> Instructions for the task:
Whenever a line in the entries below includes the string "produit", count that line. Report the total alone.

> Raw data:

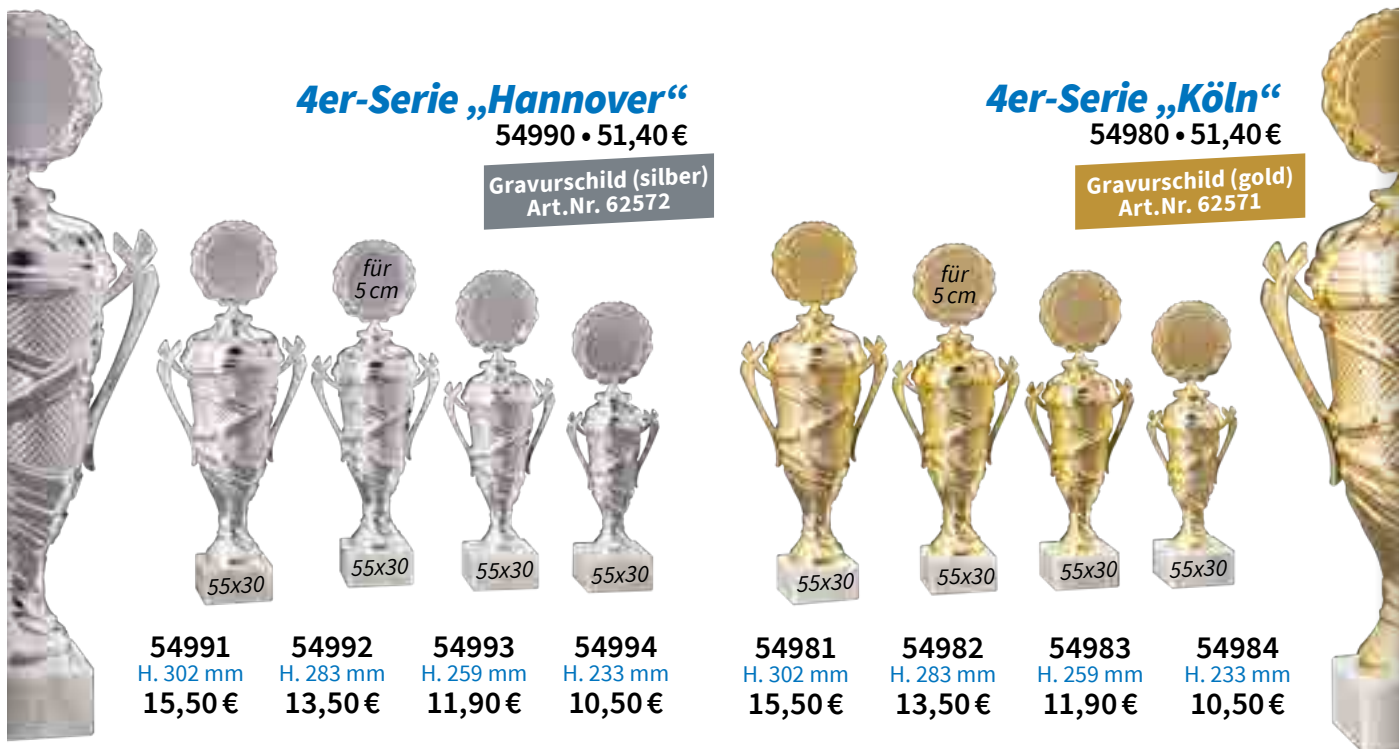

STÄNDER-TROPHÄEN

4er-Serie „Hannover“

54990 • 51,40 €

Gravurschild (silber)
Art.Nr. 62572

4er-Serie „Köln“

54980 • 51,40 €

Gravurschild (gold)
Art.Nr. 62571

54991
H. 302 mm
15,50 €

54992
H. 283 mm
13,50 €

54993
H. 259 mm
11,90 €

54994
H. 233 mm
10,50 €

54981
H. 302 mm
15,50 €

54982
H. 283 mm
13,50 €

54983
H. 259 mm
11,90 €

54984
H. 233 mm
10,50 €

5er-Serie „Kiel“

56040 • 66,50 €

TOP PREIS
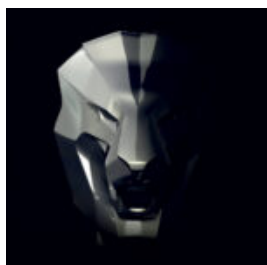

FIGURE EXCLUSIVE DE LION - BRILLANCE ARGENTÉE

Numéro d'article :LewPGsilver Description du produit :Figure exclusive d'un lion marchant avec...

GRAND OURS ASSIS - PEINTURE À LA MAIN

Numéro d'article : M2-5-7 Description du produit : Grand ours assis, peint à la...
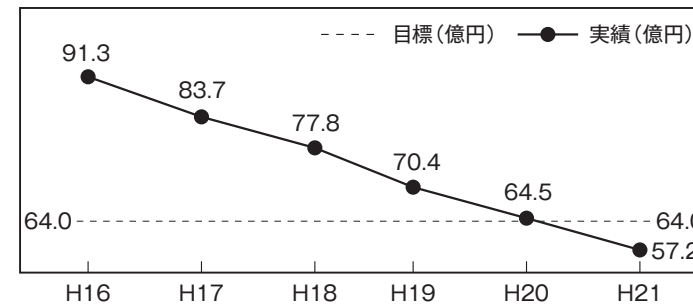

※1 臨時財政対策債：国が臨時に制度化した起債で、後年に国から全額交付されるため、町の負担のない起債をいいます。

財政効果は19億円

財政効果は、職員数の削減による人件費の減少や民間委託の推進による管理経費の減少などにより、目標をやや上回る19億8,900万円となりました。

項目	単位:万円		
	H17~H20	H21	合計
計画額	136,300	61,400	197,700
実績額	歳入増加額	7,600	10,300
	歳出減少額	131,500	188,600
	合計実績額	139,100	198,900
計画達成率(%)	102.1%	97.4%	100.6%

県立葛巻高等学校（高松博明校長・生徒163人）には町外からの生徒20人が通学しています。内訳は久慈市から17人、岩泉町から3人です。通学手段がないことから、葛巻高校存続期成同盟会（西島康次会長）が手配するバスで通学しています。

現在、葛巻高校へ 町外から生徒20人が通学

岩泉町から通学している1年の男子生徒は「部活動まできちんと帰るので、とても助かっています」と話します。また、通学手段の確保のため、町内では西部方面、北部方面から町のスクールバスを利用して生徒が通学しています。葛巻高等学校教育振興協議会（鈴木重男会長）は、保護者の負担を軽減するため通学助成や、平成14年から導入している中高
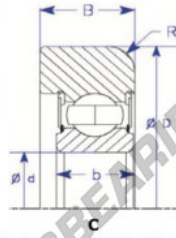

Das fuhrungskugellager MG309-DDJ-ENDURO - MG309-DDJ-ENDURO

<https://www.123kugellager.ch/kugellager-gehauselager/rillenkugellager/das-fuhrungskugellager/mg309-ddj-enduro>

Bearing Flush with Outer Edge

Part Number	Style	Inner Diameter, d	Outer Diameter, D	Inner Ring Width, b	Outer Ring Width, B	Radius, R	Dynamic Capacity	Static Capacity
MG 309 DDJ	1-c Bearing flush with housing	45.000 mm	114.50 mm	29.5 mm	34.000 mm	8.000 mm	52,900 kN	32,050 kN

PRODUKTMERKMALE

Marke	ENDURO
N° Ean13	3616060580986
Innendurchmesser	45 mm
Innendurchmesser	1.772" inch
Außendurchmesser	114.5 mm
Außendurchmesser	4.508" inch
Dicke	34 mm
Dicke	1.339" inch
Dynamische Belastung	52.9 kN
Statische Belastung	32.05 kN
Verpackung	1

--

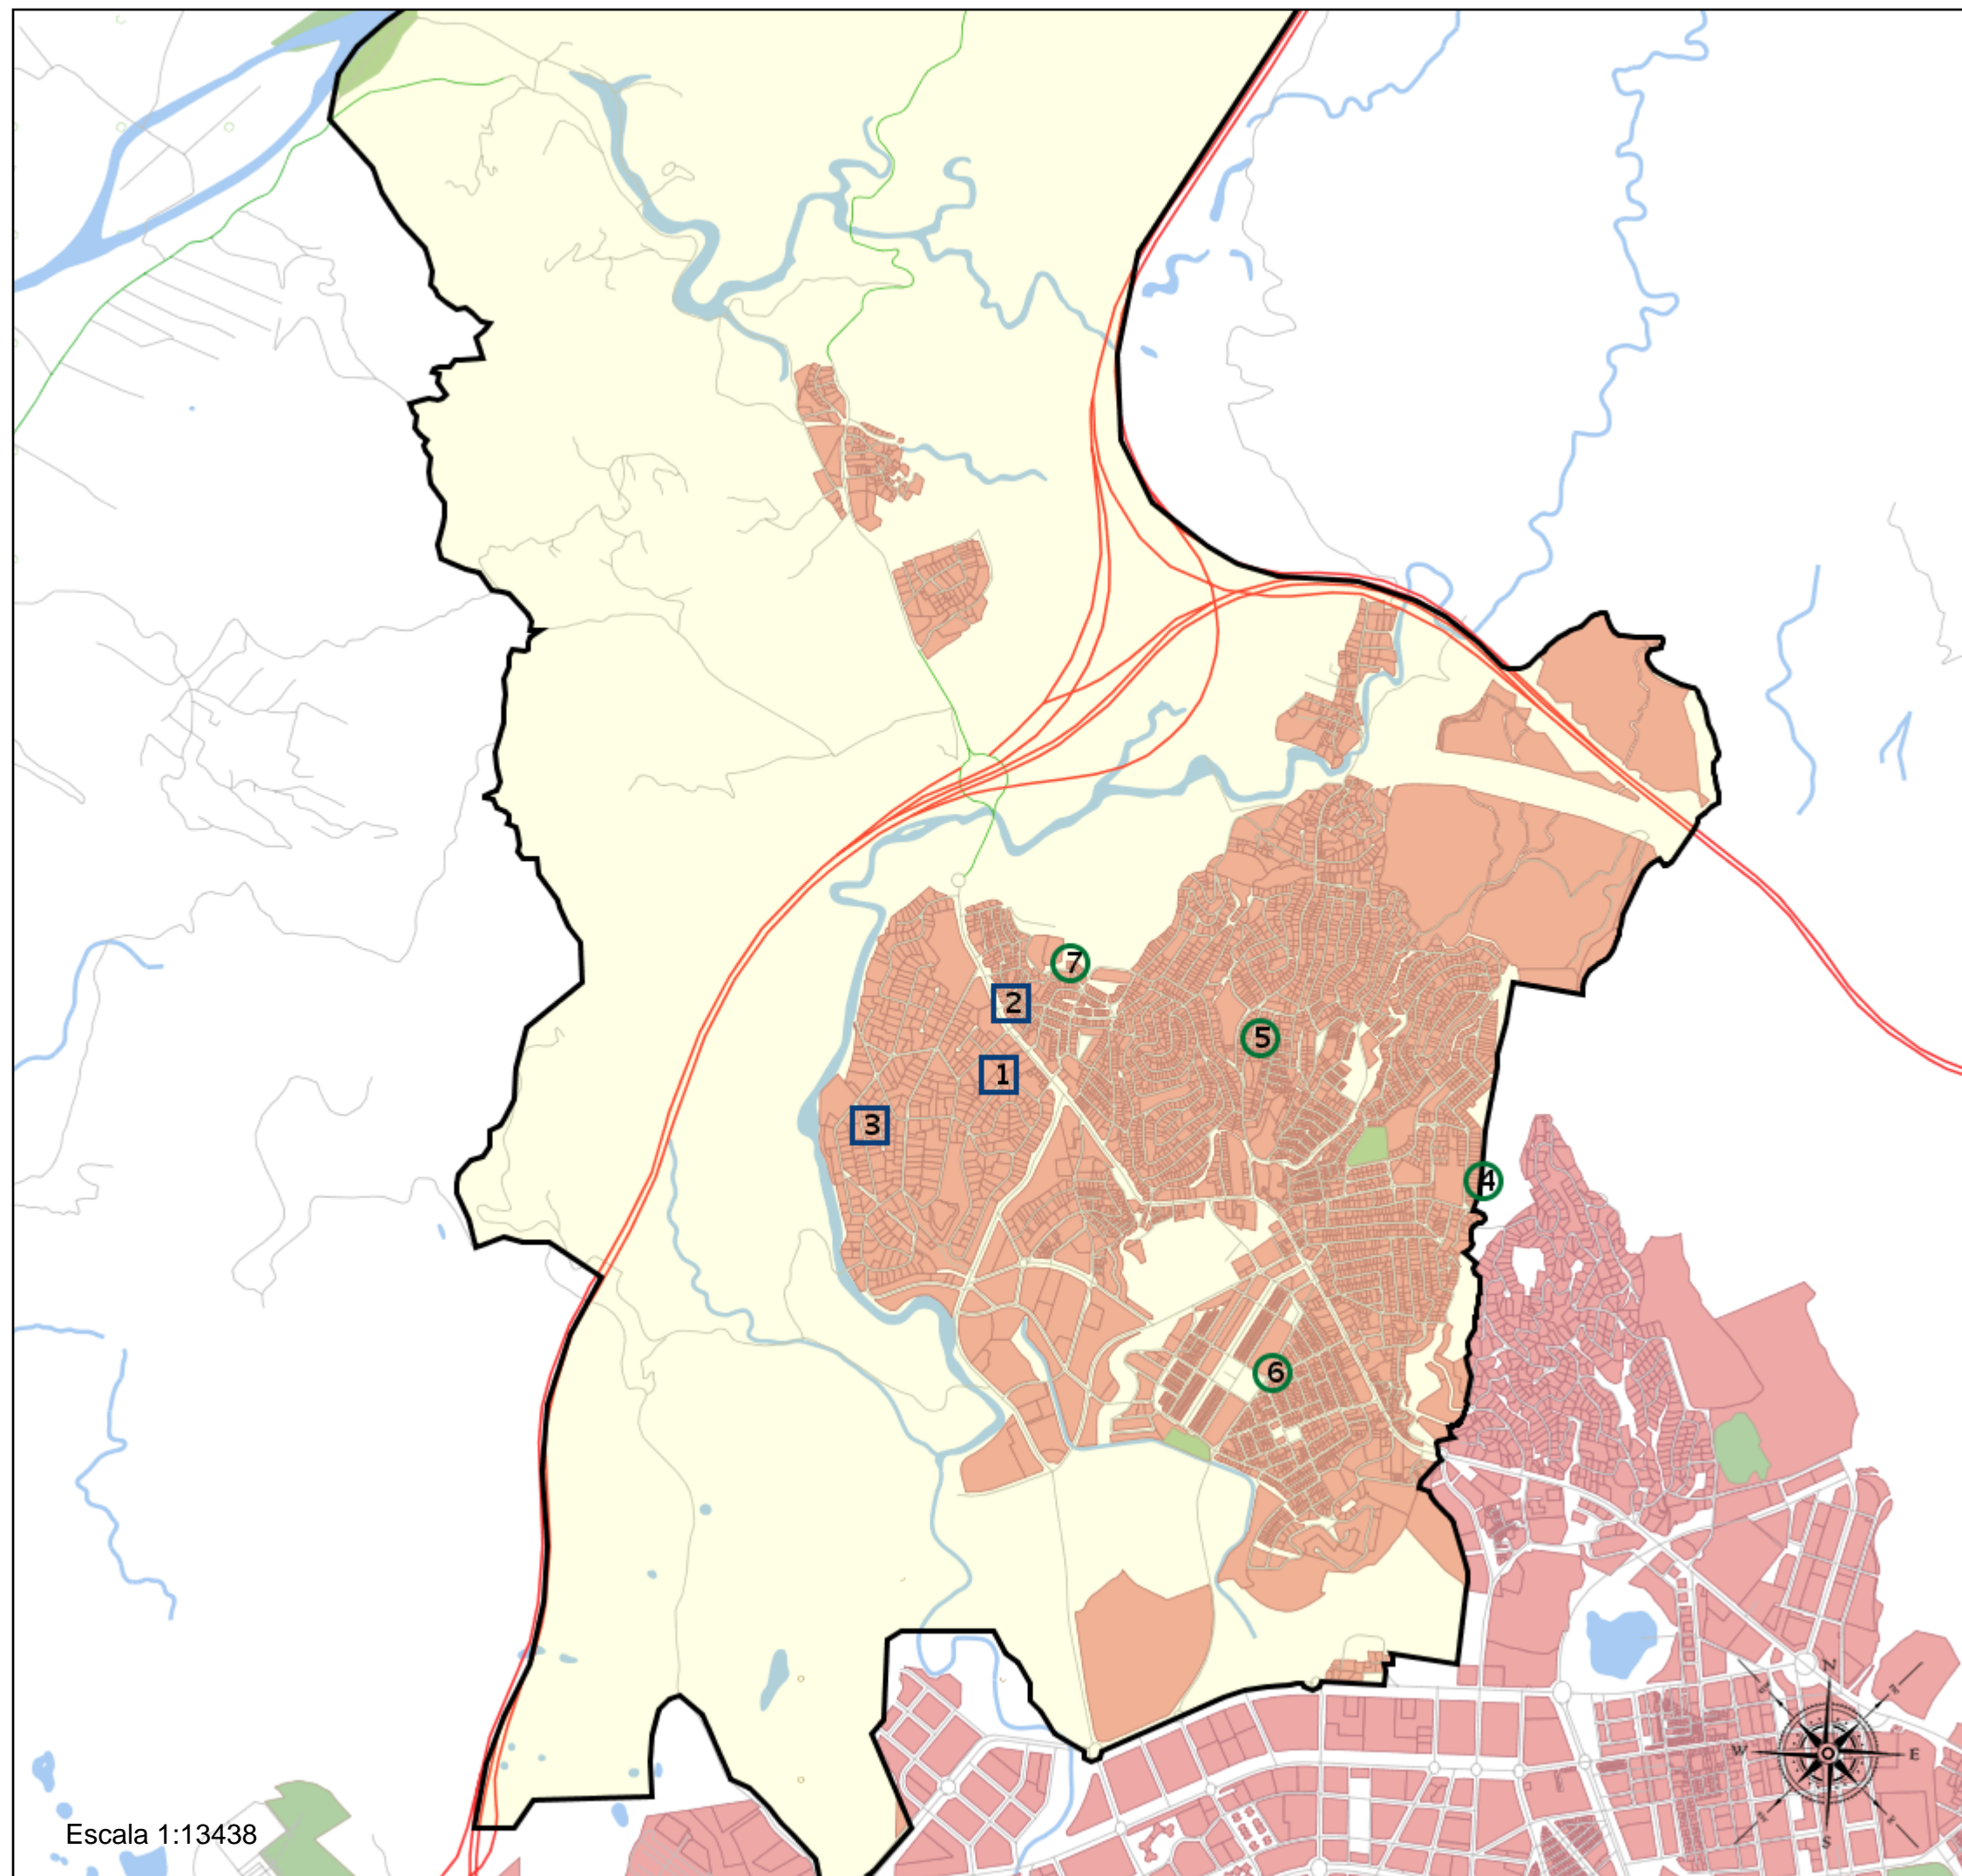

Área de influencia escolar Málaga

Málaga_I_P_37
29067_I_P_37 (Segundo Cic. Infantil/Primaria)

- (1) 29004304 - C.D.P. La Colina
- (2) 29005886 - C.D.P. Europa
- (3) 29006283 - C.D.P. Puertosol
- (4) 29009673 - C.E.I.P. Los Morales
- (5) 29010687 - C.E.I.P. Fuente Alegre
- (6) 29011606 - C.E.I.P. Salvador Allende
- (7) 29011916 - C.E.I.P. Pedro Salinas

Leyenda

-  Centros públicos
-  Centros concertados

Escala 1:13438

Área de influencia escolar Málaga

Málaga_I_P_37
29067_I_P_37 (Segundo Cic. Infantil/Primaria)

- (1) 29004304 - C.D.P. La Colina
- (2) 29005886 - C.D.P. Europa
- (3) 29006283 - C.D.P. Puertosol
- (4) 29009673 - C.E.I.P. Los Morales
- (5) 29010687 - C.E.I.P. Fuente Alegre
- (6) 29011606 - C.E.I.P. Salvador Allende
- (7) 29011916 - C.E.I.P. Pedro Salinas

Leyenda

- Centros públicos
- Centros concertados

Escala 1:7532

* * *

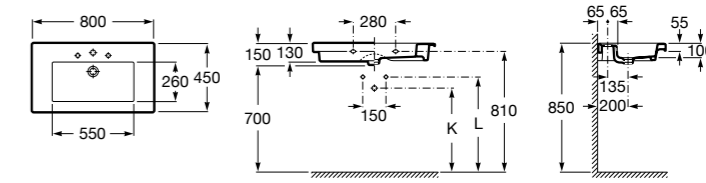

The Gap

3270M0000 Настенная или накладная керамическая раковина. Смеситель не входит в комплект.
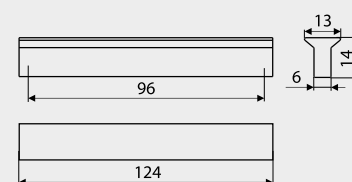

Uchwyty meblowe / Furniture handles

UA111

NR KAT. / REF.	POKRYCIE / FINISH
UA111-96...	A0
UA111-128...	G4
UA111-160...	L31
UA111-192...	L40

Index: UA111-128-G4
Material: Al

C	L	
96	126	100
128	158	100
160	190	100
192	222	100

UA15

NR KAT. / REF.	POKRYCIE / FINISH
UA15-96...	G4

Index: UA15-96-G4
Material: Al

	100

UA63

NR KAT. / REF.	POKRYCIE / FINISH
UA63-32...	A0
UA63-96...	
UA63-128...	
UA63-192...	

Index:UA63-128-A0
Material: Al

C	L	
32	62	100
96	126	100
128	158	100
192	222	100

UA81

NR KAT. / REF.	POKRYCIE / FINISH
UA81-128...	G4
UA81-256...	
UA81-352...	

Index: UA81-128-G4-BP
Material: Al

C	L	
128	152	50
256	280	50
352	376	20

> Output of the exercise:
2